Он было приподнялся, но в это время из коридора донесся звук открываемой двери. «Поздно…» — простонал хозяйственник, погибая, а несколько разбалансированный ученый пристально уставился в монитор: якобы ничего не вижу и не слышу и вообще существую в ином пространственно-временном континууме, не имеющем ничего общего с простирающимся окрест безобразием.
Легкие шаги пересекли прихожую и замерли где-то на пороге гостиной.
Даже не оборачиваясь, Евгений почувствовал спинным мозгом сгущающуюся позади предгрозовую атмосферу — по одним уже этим внезапно оборвавшимся шагам и по длине воцарившейся затем зловещей паузы. Глубина потрясения вошедшей была, очевидно, невыразима — ни в словах, ни в каких-либо других общепринятых знаках неприязни. Ему следовало немедленно закруглять эту «игру в молчанку», грозящую в противном случае растянуться на остаток дня, а то и на неделю, учитывая уровень энтропии на квадратный метр их жилища. Значит, приготовились — спокойно и без напряженья.
— Привет, малыш, что-то ты сегодня рано… — с дружелюбной рассеянностью уронил он через плечо, не отрывая глаз от экрана. Не проигнорировал любимую женщину — о нет, ни в коем случае! — а как бы косвенно обозначил ситуацию: ничего катастрофического, все банально, все как всегда: важнейшая работа поглотила мужа с головой, полностью оккупировала его внимание и выпила без остатка все его время.
Ответом были шаги, которые на сей раз удалялись — не на выход, а только на кухню: бедняжка Мэри, так и не обретя дара речи, отправилась, похоже, дальше впечатляться скорее всего в надежде обнаружить среди первобытного хаоса хоть какие-нибудь следы деятельности человека разумного, то есть — семейного. Быть может, они и сохранились в каких-то заповедных уголках. В том же холодильнике, например…
«Ах, черт! Надо же было чего-то съедобного купить…» — вспомнил Евгений и зажмурился, что не спасло от видения внутренним взором драматической сцены, имеющей сейчас место на кухне: вот бедняжка Мэри, усталая (и очень голодная, кстати сказать), окончательно бледнеет (или зеленеет), глядя сначала на свой список, приклеенный к дверце холодильника, а затем исследуя его содержимое, стремящееся к нулю. С утра там что-то было, но в течение дня все сжевалось. Впрочем, не совсем — помнится, где-то там в пушистом инее спряталась последняя окаменевшая сарделька.
Когда Евгений со вздохом открыл глаза, шаги вернулись.
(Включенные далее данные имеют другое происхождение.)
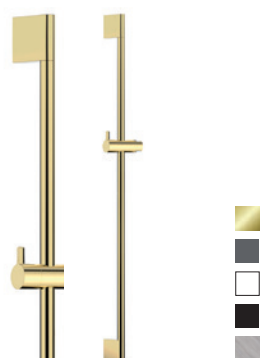

Wandstange Slide M
shower rail

«Сейчас эта „бедняжка“ устроит кой-кому сногсшибательный разнос», — подумал он. Прятаться и дальше в компьютере от назревающего стихийного бедствия не имело смысла, и Евгений скрепя сердце развернулся вместе с креслом навстречу грядущей головомойке.
«Если я сижу дома, то это еще не значит, что я автоматически превращаюсь в домашнюю хозяйку! У меня, между прочим, тоже уйма работы!» — оперативно сформировался в голове приблизительный план контрнаступления.
Тут он на некоторое время замер с приоткрытым ртом. Нет, Евгений не собирался с духом для отчаянного противостояния девятибалльному шторму. Он попросту онемел.
Девушка в купальном халате, стоявшая в дверях, глядела на него не просто с удивлением… И, пожалуй, не с ужасом, а с каким-то благоговейным испугом. Он понял — так, должно быть, смотрел принц Гамлет на призрак своего убиенного дядей отца. Изделие более поздних эпох — круглые очки, сидевшие на ее носу, не портили, а, напротив, только усиливали впечатление, придавая и без того широко открытым глазам совершенно запредельные размеры. Хотя роль призрака принадлежала скорее этому очкастому явлению; сам Евгений был не то чтобы напуган, узрев на пороге вместо сердитой жены незнакомую полуодетую даму, но, скажем так — крайне озадачен. Крайне.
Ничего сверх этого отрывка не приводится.